The fact that lateral force consistently decreases in the presence of FF for all subtasks indicates less overlap between the control polygon and obstacles on the danger map and therefore a safer navigation. This is to be expected, as the FF would exert forces on the input device inducing the subject to adjust the commanded trajectory in such a way that the overlap with obstacles is minimized.

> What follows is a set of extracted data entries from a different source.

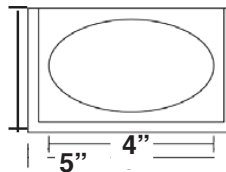

To Be Specified: Color

	Code	Color
☐	01	White
☐	02	Cameo/Biscuit
☐	39	Grey

SMSD5

Despite the force feedback, the position drift of the TDPA brings a positive effect which was also found for measured force feedback in the telemanipulation setup of [17]. Since forces only appear in case of overlaps of the polygon with the obstacles, the position drift appears specifically in the presence thereof and prevents the overlap from increasing. In the absence of this feedback, the subjects are unhindered in commanding trajectories which intersect with obstacles.

The mean average velocity is consistently lower in the presence of FF. This indicates that the subjects tended to drive the rover more cautiously in this case. In fact, FF prevents the user to drive at higher velocities. The fact that the radius of curvature for subtask 2 tends to be higher in the presence of FF (ANOVA yields effect significance with p < .05), while the number of collision remains constant, shows that FF does provide the driver with information allowing for safe navigation even if closer to the outer rock formation. Interestingly, ANOVA shows no significant effect of the FF/noFF condition on completion time for subtask 1 and 2. When looking at this result, together with the reduced velocity in the presence of FF, this indicates that a more efficient path was followed using FF. Specifically, considering that the mean radius of curvature increases and mean velocity decreases in the presence of FF, the only way of explaining the absence of a significant difference in completion time is to infer that the subjects tended to change the commanded path curvature more often in the absence of FF, thus leading to a less efficient overall trajectory. In subtask 3, no significant effects of the FF condition were observed on the mean distance from the central rock formation. It would therefore seem that the FF/noFF condition has less bearing on navigation performance when confronted with convex structures, such as the one present in subtask 3. However, the lower incidence of lateral force in this subtask with FF, even though task completion was equivalent with or without FF, could be considered an index of safer navigation. These results show that some sensible benefits on rover navigation of using a force feedback setup with a fitting TDPA controller are measurable in a hard to navigate physical environment, even with sensible communication delays.